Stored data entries

* * * *

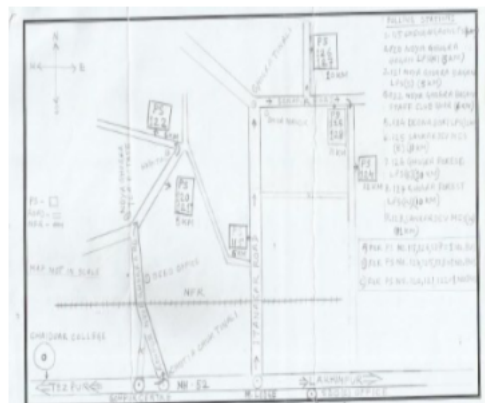

নিৰ্বাচক পঞ্জীয়ন বিষয়াৰ স্বাক্ষৰ

Nazri Naksha

Google Map View

Polling Station Building Front View

ভোটগ্ৰহন কেন্দ্ৰৰ সন্মুখৰ দৃশ্য

Cad View

Key MAP View

1 নাম : বীনা নাথ পিতাৰ নাম: ভদ্রেস্বৰ নাথ ঘৰ নং : 1 বয়স : 38 লিঙ্গ : মহিলা	HGC1244582 ফটো উপলব্ধ	R 2 নাম : পম্পী নাথ পিতাৰ নাম: ধৰ্মকান্ত নাথ ঘৰ নং : 2 বয়স : 25 লিঙ্গ : মহিলা	HGC0493437 ফটো উপলব্ধ	3 নাম : সিদ্ধার্থ নাথ পিতাৰ নাম: ধৰ্ম কান্ত নাথ ঘৰ নং : 1 বয়স : 21 লিঙ্গ : পুৰুষ	PWX0050203 ফটো উপলব্ধ
4 নাম : চন্দ্ৰকান্ত নাথ পিতাৰ নাম: ভদ্রেস্বৰ নাথ ঘৰ নং : 1 বয়স : 45 লিঙ্গ : পুৰুষ	HGC1244593 ফটো উপলব্ধ	5 নাম : ধৰ্মকান্ত নাথ পিতাৰ নাম: ভদ্রেস্বৰ নাথ ঘৰ নং : 1 বয়স : 44 লিঙ্গ : পুৰুষ	HGC1244617 ফটো উপলব্ধ	6 নাম : মিনা নাথ স্বামীৰ নাম: চন্দ্ৰকান্ত নাথ ঘৰ নং : 1 বয়স : 42 লিঙ্গ : মহিলা	HGC1244606 ফটো উপলব্ধ
7 নাম : কুসুম নাথ স্বামীৰ নাম: ধৰ্মকান্ত নাথ ঘৰ নং : 1 বয়স : 40 লিঙ্গ : মহিলা	HGC1244628 ফটো উপলব্ধ	8 নাম : বিকাশ নাথ পিতাৰ নাম: চন্দ্ৰকান্ত নাথ ঘৰ নং : 1 বয়স : 27 লিঙ্গ : পুৰুষ	HGC0226886 ফটো উপলব্ধ	9 নাম : অপল নাথ পিতাৰ নাম: হৰেশ্বৰ নাথ ঘৰ নং : 2 বয়স : 38 লিঙ্গ : পুৰুষ	HGC1244640 ফটো উপলব্ধ
10 নাম : তপন নাথ পিতাৰ নাম: হৰেশ্বৰ নাথ ঘৰ নং : 2 বয়স : 36 লিঙ্গ : পুৰুষ	HGC1244651 ফটো উপলব্ধ	11 নাম : পূৰ্ণিমা নাথ স্বামীৰ নাম: অপল নাথ ঘৰ নং : 2 বয়স : 33 লিঙ্গ : মহিলা	HGC0261966 ফটো উপলব্ধ	12 নাম : ভাস্কৰ নাথ পিতাৰ নাম: হৰেশ্বৰ নাথ ঘৰ নং : 2 বয়স : 31 লিঙ্গ : পুৰুষ	HGC0262147 ফটো উপলব্ধ
13 নাম : অলকা নাথ স্বামীৰ নাম: তপন নাথ ঘৰ নং : 2 বয়স : 28 লিঙ্গ : মহিলা	HGC0262519 ফটো উপলব্ধ	14 নাম : বিনয় মুছাহাৰী পিতাৰ নাম: সুকৰাম মুছাহাৰী ঘৰ নং : 5 বয়স : 58 লিঙ্গ : পুৰুষ	HGC1244673 ফটো উপলব্ধ	15 নাম : সৰমাই মুছাহাৰী স্বামীৰ নাম: বিনয় মুছাহাৰী ঘৰ নং : 5 বয়স : 45 লিঙ্গ : মহিলা	HGC1244684 ফটো উপলব্ধ
16 নাম : আকাশ মুছাহাৰী পিতাৰ নাম: বিনয় মুছাহাৰী ঘৰ নং : 5 বয়স : 27 লিঙ্গ : পুৰুষ	HGC0189654 ফটো উপলব্ধ	17 নাম : দিগন্ত মুছাহাৰী পিতাৰ নাম: গজেন মুছাহাৰী ঘৰ নং : 5 বয়স : 25 লিঙ্গ : পুৰুষ	HGC0397315 ফটো উপলব্ধ	18 নাম : লোহিত মুছাহাৰী পিতাৰ নাম: উমাকান্ত মুছাহাৰী ঘৰ নং : 5 বয়স : 24 লিঙ্গ : পুৰুষ	HGC1313287 ফটো উপলব্ধ
19 নাম : মমতা মুছাহাৰী পিতাৰ নাম: গজেন মুছাহাৰী ঘৰ নং : 5 বয়স : 24 লিঙ্গ : মহিলা	HGC1243534 ফটো উপলব্ধ	20 নাম : উমাকান্ত মুছাহাৰী পিতাৰ নাম: শুকৰাম মুছাহাৰী ঘৰ নং : 5 বয়স : 53 লিঙ্গ : পুৰুষ	HGC1244719 ফটো উপলব্ধ	21 নাম : গজেন মুছাহাৰী পিতাৰ নাম: শুকৰাম মুছাহাৰী ঘৰ নং : 5 বয়স : 48 লিঙ্গ : পুৰুষ	HGC1244731 ফটো উপলব্ধ
22 নাম : ৰূপালী মুছাহাৰী স্বামীৰ নাম: উমাকান্ত মুছাহাৰী ঘৰ নং : 5 বয়স : 43 লিঙ্গ : মহিলা	HGC1244720 ফটো উপলব্ধ	23 নাম : পদোশ্বৰী স্বৰ্গীয়াৰী স্বামীৰ নাম: মনিৰাম স্বৰ্গীয়াৰী ঘৰ নং : 6 বয়স : 78 লিঙ্গ : মহিলা	HGC1244764 ফটো উপলব্ধ	24 নাম : ধীৰেন স্বৰ্গীয়াৰী পিতাৰ নাম: মনিৰাম স্বৰ্গীয়াৰী ঘৰ নং : 6 বয়স : 48 লিঙ্গ : পুৰুষ	HGC1244786 ফটো উপলব্ধ
25 নাম : বিহলী স্বৰ্গীয়াৰী স্বামীৰ নাম: ধীৰেন স্বৰ্গীয়াৰী ঘৰ নং : 6 বয়স : 43 লিঙ্গ : মহিলা	HGC1244797 ফটো উপলব্ধ	26 নাম : বীৰেন স্বৰ্গীয়াৰী পিতাৰ নাম: মনিৰাম স্বৰ্গীয়াৰী ঘৰ নং : 6 বয়স : 41 লিঙ্গ : পুৰুষ	HGC1244775 ফটো উপলব্ধ	27 নাম : লক্ষী স্বৰ্গীয়াৰী স্বামীৰ নাম: বিৰেন স্বৰ্গীয়াৰী ঘৰ নং : 6 বয়স : 40 লিঙ্গ : মহিলা	HGC2296119 ফটো উপলব্ধ
28 নাম : উপেন স্বৰ্গীয়াৰী পিতাৰ নাম: মনিৰাম স্বৰ্গীয়াৰী ঘৰ নং : 6 বয়স : 54 লিঙ্গ : পুৰুষ	HGC1244800 ফটো উপলব্ধ	29 নাম : শ্ৰীমতী আৰতি স্বৰ্গীয়াৰী স্বামীৰ নাম: উপেন স্বৰ্গীয়াৰী ঘৰ নং : 6 বয়স : 44 লিঙ্গ : মহিলা	HGC1244811 ফটো উপলব্ধ	30 নাম : ধনঞ্জয় স্বৰ্গীয়াৰী পিতাৰ নাম: উপেন স্বৰ্গীয়াৰী ঘৰ নং : 6 বয়স : 24 লিঙ্গ : পুৰুষ	HGC1405109 ফটো উপলব্ধ

* * * *

| WHAT IS BEING ASKED |
Write down only the closing run of lines: the one containing "25 নাম : বিহলী" and every line after it to the end of the entries, exactly.

| EXERCISE OUTPUT |
25 নাম : বিহলী স্বৰ্গীয়াৰী স্বামীৰ নাম: ধীৰেন স্বৰ্গীয়াৰী ঘৰ নং : 6 বয়স : 43 লিঙ্গ : মহিলা	HGC1244797 ফটো উপলব্ধ	26 নাম : বীৰেন স্বৰ্গীয়াৰী পিতাৰ নাম: মনিৰাম স্বৰ্গীয়াৰী ঘৰ নং : 6 বয়স : 41 লিঙ্গ : পুৰুষ	HGC1244775 ফটো উপলব্ধ	27 নাম : লক্ষী স্বৰ্গীয়াৰী স্বামীৰ নাম: বিৰেন স্বৰ্গীয়াৰী ঘৰ নং : 6 বয়স : 40 লিঙ্গ : মহিলা	HGC2296119 ফটো উপলব্ধ
28 নাম : উপেন স্বৰ্গীয়াৰী পিতাৰ নাম: মনিৰাম স্বৰ্গীয়াৰী ঘৰ নং : 6 বয়স : 54 লিঙ্গ : পুৰুষ	HGC1244800 ফটো উপলব্ধ	29 নাম : শ্ৰীমতী আৰতি স্বৰ্গীয়াৰী স্বামীৰ নাম: উপেন স্বৰ্গীয়াৰী ঘৰ নং : 6 বয়স : 44 লিঙ্গ : মহিলা	HGC1244811 ফটো উপলব্ধ	30 নাম : ধনঞ্জয় স্বৰ্গীয়াৰী পিতাৰ নাম: উপেন স্বৰ্গীয়াৰী ঘৰ নং : 6 বয়স : 24 লিঙ্গ : পুৰুষ	HGC1405109 ফটো উপলব্ধ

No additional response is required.